Btw, does anyone know of an article or book about GPU texture compression? Would love a good in detail reference.
zOneLetter
Wish he took a look at middle-out too. Kind of a missed opportunity tbh.
tmilard
Tanks for the easy explantations. Very Clear. Doing Compression of Data using different strategies are always usefull to understand : After all, many of us software developers are dealing with saving Data with size issues, speed loading of junk of data. Interesting...
ZhiqiangWang
I really like the conclusion. “Gzip is all you need” has lost it’s momentum for some time, but there is definitely more gold to dig in that area.
jslakro
I didn't find the middle-out compression
Scene_Cast2
Note that this is about general purpose compression. For example, most machine learning (including LLMs) results in a compression algorithm, as the objective function is minimizing entropy (see nn.CrossEntropyLoss).
Amazing writeup - I needed this a few months ago :)
My impression after my own, shallower dive is that trainable dictionaries are an underappreciated part of the (or at least my) system design toolkit.
For example, say you're serving Wikipedia - a bunch of pages that are kind of static. In order to minimize disk space, you'll be tempted to compress the content. Compressing the whole corpus gets a good compression ratio, but it means that, to read an arbitrary item, you need to decompress everything (or 50% of everything, on average, I guess).
So to get random access, you compress each page. That's ok, but you get a worse compression ratio because every compressor starts from scratch.
But with Zstandard and a trainable dictionary, you could train a dictionary on a couple pages, then use that dictionary to compress and decompress arbitrary items.
As far as I can tell, that's probably the best of both worlds - close to the compression ratio of compressing the whole corpus with gzip, but the random access of compressing each item individually.

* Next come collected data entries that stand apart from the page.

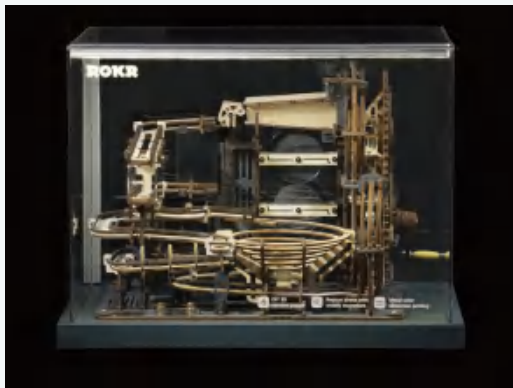

Wood pieces: 294 pcs

**Showcase of Marble Run**

Assembled size: 291 x 266 x 240mm(L x W x H)

Display Model No: LG501Z、LG502Z

*Gear drive.*

Laser cutting

14+

**Showcase of Marble Night City**

Assembled size: 357 x 261 x 265 mm(L x W x H)

Display Model No: LGA01Z

**Showcase of Marble Run**

Assembled size: 260 x 212 x 339mm(L x W x H)

Display Model No: LGA02Z

This seems really generalizable - e.g. maybe Facebook has to store a zillion photos that are very rarely accessed, but 10% of them are selfies. If we use a vector search to find clusters of similar items, we can compress those items with a single dictionary.
In fact, taking another step back, it seems like databases ought to offer this out of the box. Just like the concept of an index, it's not always a win and there are a lot of knobs that you might want to tune, but the benefits seem clear.
Maybe all of this already exists, or there's something I'm missing, but I really appreciate article's like OP's that break things down so clearly.